In this research a separate database was constructed from the gene products of each genome. A BeT was identified via blastp search with the EXP parameter equal to 1,000, reporting back only the highest scoring database match. For example, suppose that we performed a blastp search with protein A from genome 1 as the query, against a library of gene products from genome 2, and the result was protein B. We then would conclude that protein A from genome 1 has a BeT relationship with protein B from genome 2.

Interpretation of GenBank files was done by Perl scripts written for that purpose, as was the construction of blastp search results into congruent BeTs. A series of Perl scripts were written to construct the COGs and the binary sequence files used for phylogenetic analysis (see Results). blastp searches and other sequence manipulation was done with Wisconsin Package Version 10.0, Genetics Computer Group (GCG). Tree construction was performed with paup*, Phylogenetic Analysis Using Parsimony (*and Other Methods) Version 4.0b by D. L. Swofford. All neighbor-joining analysis was performed with standard distances set to mean character difference and with systematic (taxon order-dependent) tie breaking. One hundred bootstrap replicates were run for the gene content tree. During bootstrap analysis the search type was heuristic, and groups were retained with a frequency of >50%. Parsimony analysis was performed with the “keep best trees only” option set and the tbr branch swapping algorithm.

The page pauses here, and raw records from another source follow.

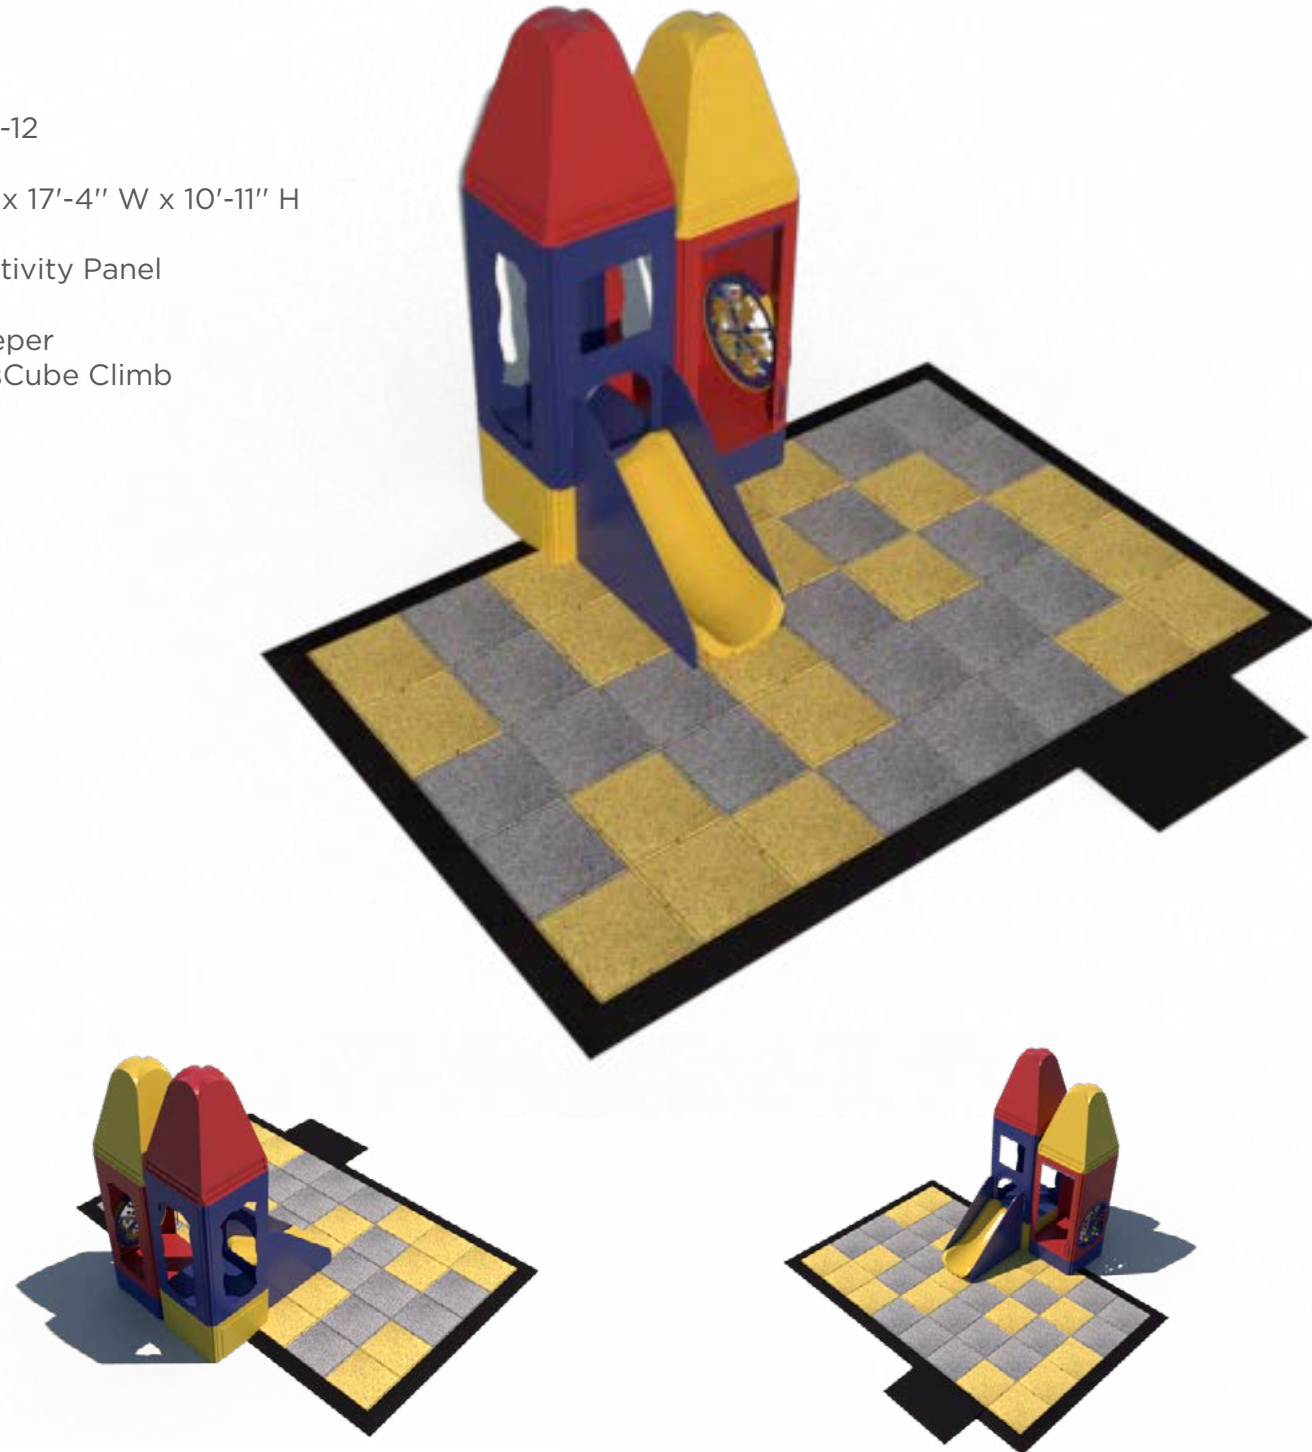

IP23112

Age Group: 2-12

Capacity: 8

Size: 14'-11" L x 17'-4" W x 10'-11" H

Features:

- Ball Turn Activity Panel
- 2' Tot Slide
- Sneaker Keeper
- 2-Level KidsCube Climb

IP23115

Age Group: 2-12

Capacity: 13

Size: 16'-9" L x 16' W x 8' H

Features:

- Gyro Activity Panel
- Ball Turn Activity Panel
- 7' T-Tube Crawl Tunnel
- 4'-8" Enclosed Curved Tube Slide
- Sneaker Keeper
- Squeeze Play
- 3-Level Deck Climb

The parsimony start tree was selected by simple stepwise addition. Tree visualization was performed with the program treeview (9) and paup. The reciprocal tree was constructed via the upgma algorithm in paup, with systematic tie breaking.

Fake Genome.

Other modifications were made to the COG generation algorithm. As an analytical tool to test the validity of the individual COGs, a “fake genome” database containing 20 gene products was created. Each fake gene product was a sequence of 200 identical residues of one of the amino acids. This was done to detect illegitimate COGs based on unusual amino acid composition rather than on sequence similarity resulting from homology.

Results

We proposed several enhancements to the COG technique, adapted it for use on virus genomes, and expanded on its usefulness for determining phylogenetic relationships by creating whole-genome phylogenetic trees based on gene content. We also produced a reciprocal tree that groups together COGs that have similar patterns of presence or absence in the various herpesvirus genomes.

COG Construction: COG Stringency Number (CSN).

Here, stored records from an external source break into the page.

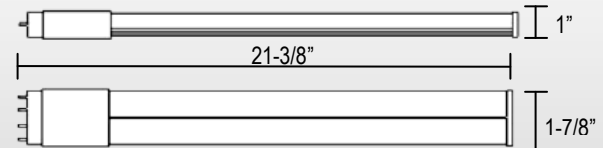

DIMENSIONS:

www.NewCandescent-LED.com™

800-282-EPIC (3742) | Fax: 201-343-8300 | Larry@EpicLightBulb.com

11 Leuning Street, South Hackensack NJ 07606
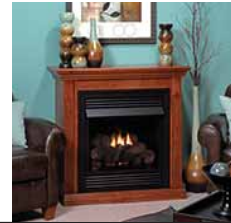

Vail 26 Vent-Free Special Edition Fireplace/Mantel Combination

- Order by complete Part Number
- Pallet Quantity: 6

Includes:

- Ceramic Fiber Log Set and Mantel
- Outer Frame and Louvers in Matte Black

Millivolt with On/Off Switch

MODEL	BTU MAX/MIN	DESCRIPTION	WT	LIST
VFD26FM30CP	20,000/14,000	MV, Cherry	154	$ 1,536.00
VFD26FM30CN	20,000/14,000	MV, Cherry	154	$ 1,536.00
VFD26FM30NP	20,000/14,000	MV, Nutmeg	154	$ 1,536.00
VFD26FM30NN	20,000/14,000	MV, Nutmeg	154	$ 1,536.00
VFD26FM30WP	20,000/14,000	MV, White	154	$ 1,536.00
VFD26FM30WN	20,000/14,000	MV, White	154	$ 1,536.00

Thermostat with Hi-Low Knob

MODEL	BTU MAX/MIN	DESCRIPTION	WT	LIST
VFD26FM20CP	20,000/14,000	T'Stat, Cherry	154	$ 1,536.00
VFD26FM20CN	20,000/14,000	T'Stat, Cherry	154	$ 1,536.00
VFD26FM20NP	20,000/14,000	T'Stat, Nutmeg	154	$ 1,536.00
VFD26FM20NN	20,000/14,000	T'Stat, Nutmeg	154	$ 1,536.00
VFD26FM20WP	20,000/14,000	T'Stat, White	154	$ 1,536.00
VFD26FM20WN	20,000/14,000	T'Stat, Cherry	154	$ 1,536.00

Liners, Ceramic Fiber

MODEL		DESCRIPTION	WT	LIST
FPP26E	0	Banded Brick	5	$ 126.00

Accessories

MODEL		DESCRIPTION	WT	LIST
EK1	0	Ember Kit	7	$ 61.00
FBB4	0	Blower, Auto	6	$ 224.00
FBBX	0	Wire Ext for FBB4	1	$ 31.00
GF24	0	Flex Gas Line, 24-in SS	1	$ 24.48
PE20	0	Platinum Embers	0	$ 19.00

Control Options (For Millivolt Only)

MODEL		DESCRIPTION	WT	LIST
FRBC	0	Battery Remote, On/Off	1	$ 143.00
FRBTC	0	Battery Remote, T'Stat	1	$ 249.00
FREC	0	Remote, Electric	1	$ 108.00
FRBTP	0	Battery Remote, Prog.	1	$ 279.00
FWS1	0	Wall Switch, On/Off	1	$ 21.00
TMV	0	Wall T'Stat - Reed Switch	2	$ 29.45
TRW	0	Wall T'Stat - Wireless	2	$ 172.00

Decorative Accessories

HOOD		DESCRIPTION	WT	LIST
VP2H26HP	0	Hood - Pewter	2	$ 63.00
OUTER FRAME (3-PIECE)		DESCRIPTION	WT	LIST
VPF26HP	0	Steel Frame - Pewter	4	$ 84.00
BOTTOM TRIM		DESCRIPTION	WT	LIST
VPS26HP	0	Trim Kit, Bottom, Pewter	1	$ 44.00
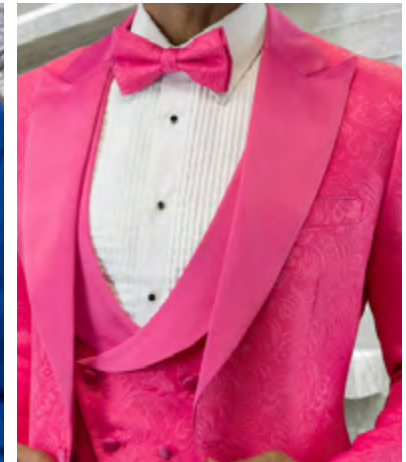

BELLAGIO-15 3PC TAILORED FIT, FLAT FRONT PANTS, INCLUDING BOW TIE

HOT PINK

One of the most important modifications was the addition of variable CSN. In Tatusov et al. (4), triangles were constructed from congruent BeTs. This created COGs with a CSN of 3, based on the merging of triangles with common sides (Fig. 1A). A tetrahedron consisting of four gene products from separate genomes with congruent BeTs to each other forms the basis for a COG with a CSN of 4. Larger COGs with CSN = 4 are formed by merging tetrahedrons with common faces (Fig. 1B). Similarly, COGs of higher CSN result from the merging of higher-order constructs. The minimal COG for CSN = 5 is diagrammed in Fig. 1C. The CSN can be increased up to the number of genomes in the set. Increasing the CSN increases the stringency of the test for adding a new member to a COG (Fig. 1). Each member of a COG must have CSN-1 congruent BeTs with other members. Higher CSNs are especially important for use in small genomes, such as those of viruses, because the chance of an erroneous congruent BeT, resulting from chance sequence similarity rather than homology, increases dramatically if there are few genes in each genome.

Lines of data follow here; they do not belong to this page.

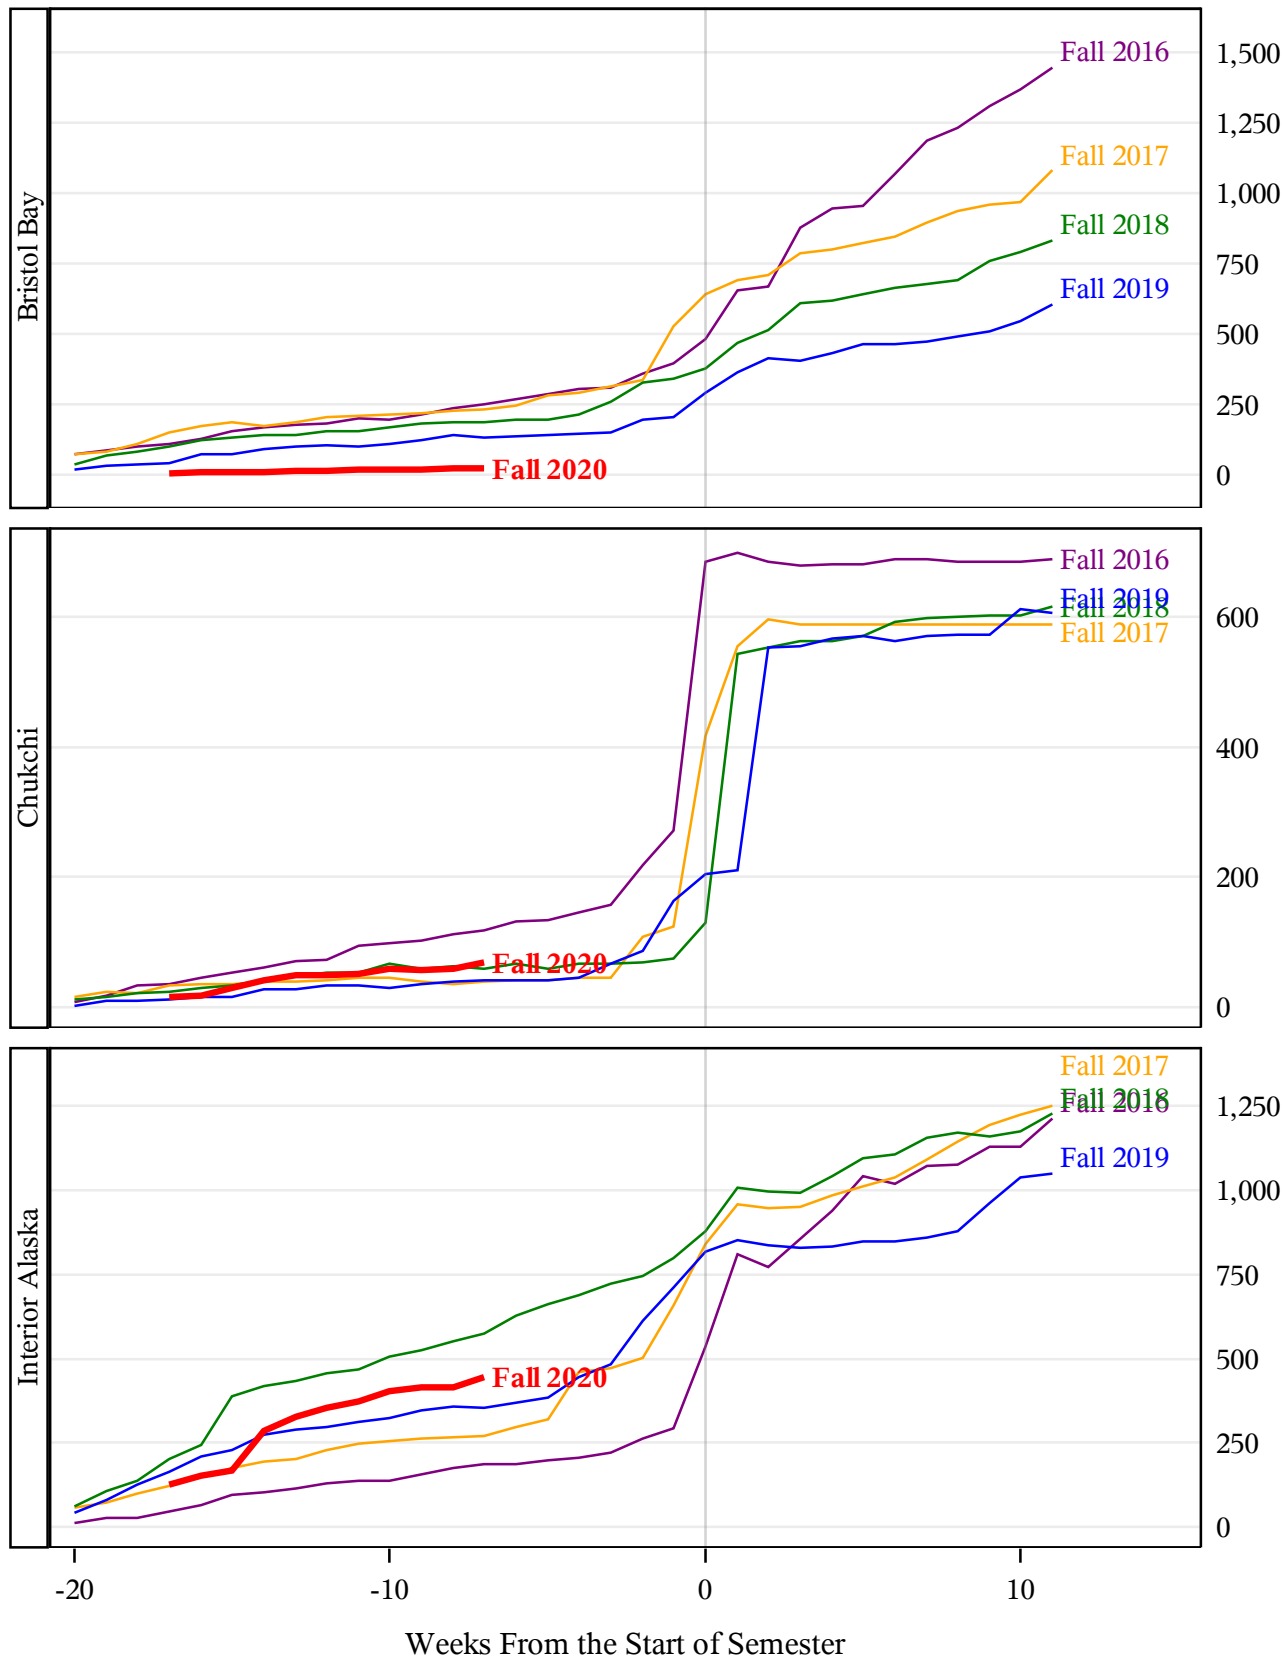

**University of Alaska Fairbanks - Early Semester Report  
 Student Credit Hours Generated by Registration Week  
 Fall 2016 - Fall 2020**

**University of Alaska Fairbanks - Early Semester Report  
 Student Credit Hours Generated by Registration Week  
 Fall 2016 - Fall 2020**

In Tatusov et al. (4) COGs were identified by merging triangles until no further COGs could be merged, and then members from noncongruent BeTs were added. We merged triangles, tetrahedrons, or higher-order constructs (depending on CSN) until no more could be merged. Then, before noncongruent members were added, all gene products with CSN-1 congruent BeTs to existing members were added, even if they did not happen to be inside a tetrahedron, or relevant construct, with existing members. This, iteratively, led to another round of merging and addition until all members had been added. Finally, noncongruent members were added if they had noncongruent BeTs to CSN-1 congruent members. The members of a COG based solely on congruent BeTs were called the COG core, and the members based on noncongruent BeTs were called additional members. Unlike in Tatusov et al. (4), no effort was made to ensure that each COG had a member from a distant lineage. Additional members were not observed for most COGs with a CSN greater than 5. A complete list of the COGs and the genes in them is available as supplemental data on the PNAS web site, www.pnas.org.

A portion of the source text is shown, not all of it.